There were a lot of good comments and questions posted in the last two entries which deserve answers. However, I am once more off to the beaver-shark infested shores of the great Canadian inland sea for my annual summer vacation. I'll get to them when I'm back, in late June.

Before I go I should mention what algorithms we're considering to solve the "infer the best type for this set of expressions" problem that is going to crop up all over the show in C# 3.0.

We've got four candidates right now. Suppose you've got a set of expressions, E. The set of their types is T.

Algorithm One: pick the unique type in T to which every type in T is implicitly convertible.

This has the advantage of being simple and already in the specification. It has the disadvantages of being incompatible with existing behaviour and not handling typeless expressions well.

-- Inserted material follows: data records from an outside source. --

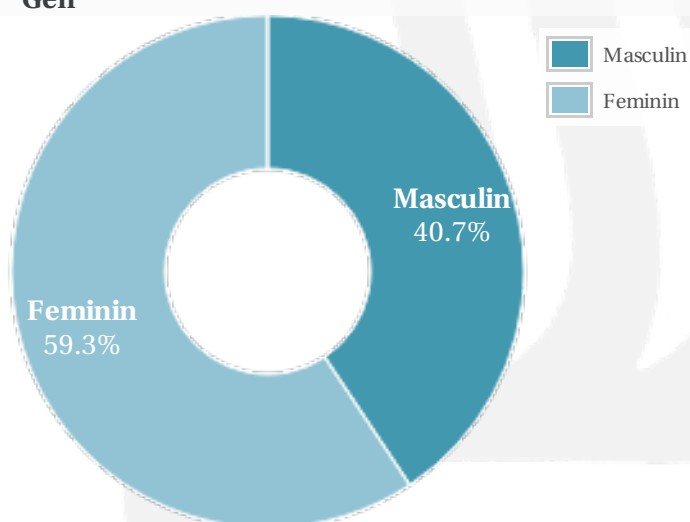

Profil general Gen Varsta Categorie sociala ESOMAR

Gen

Varsta

Categorie sociala ESOMAR

Profil audienta: 1-31 August 2021

Grup	Grup tinta	Vizitatori pe Luna (VpL)		Index afinitate
		Mii persoane	Structura (%)	
Total	Total	246	100	100
Gen	Masculin	100	40.7	81
	Feminin	146	59.3	118
Varsta	16-18 Ani	5	1.9	39
	19-24 Ani	14	5.7	41
	25-34 Ani	36	14.6	59
	35-44 Ani	56	22.8	89
	45-54 Ani	47	19	112
	55-64 Ani	49	19.9	178
	65-74 Ani	40	16.2	436
Categorii sociale ESOMAR	Categoria AB	90	36.4	131
	Categoria C	78	31.5	87
	Categoria DE	79	32.1	88

Algorithm Two: pick the unique type in T to which every expression in E is implicitly convertible.

This has the advantage of being what we actually implement. However it has the disadvantages of turning some corner cases that should work according to the spec (such as literal-zero-vs-short) into error cases.

We could combine the two algorithms. Consider the subset of T consisting of all types in T to which every expression in E is implicitly convertible. Call this subset S.

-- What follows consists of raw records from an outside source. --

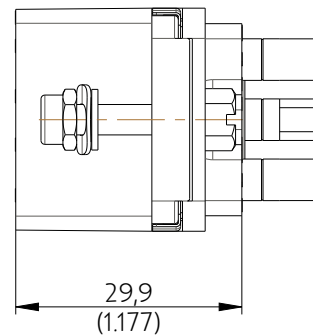

34108027002SRF

29,5
(1.161)

29,9
(1.177)

62
(2.440)

Amphenol Air LB

2, rue Clément Ader - ZAC de WE - 08110 CARRIGNAN - Tel.: (33) 03.24.22.78.49 - E-mail: support-technique@amphenol-airlb.fr

Ce document est la propriété d'Amphenol Air LB et ne peut être reproduit ou communiqué sans son autorisation / This datasheet is the property of Amphenol Air LB and cannot be reproduced or communicated without authorization

Algorithm three: pick the unique type in S to which every type in S is implicitly convertible.

This algorithm has considerable charm. As far as I've been able to determine, it is 100% backwards compatible with existing non-error behaviour, while at the same time turning those cases which ought to be successful according to Algorithm One back into success cases which agree with the spec. Literal-zero-vs-short would go to int. However, there is a down side, which is addressed by Algorithm Four.

Algorithm Four: pick the unique type in S **from which** every type in S is implicitly convertible. That is, pick the *smallest* type in S, not the largest.

This algorithm also maintains backwards compatibility but would make literal-zero-vs-short go to short. And isn't that better? If you have an implicitly typed array of ten thousand shorts, and you throw a single literal zero in there, you probably want it to stay as an array of shorts. Given the choice of several types to which every expression goes, surely picking the smallest is the best choice.

Algorithm Four is currently the front-runner in our thinking but of course I am blogging about this in the first place because there is still time for feedback. Any thoughts on these choices, or ideas for better algorithms, would be appreciated.

Many thanks to my colleauges Wes and Peter for their analyses of these algorithms.

See you when I'm back!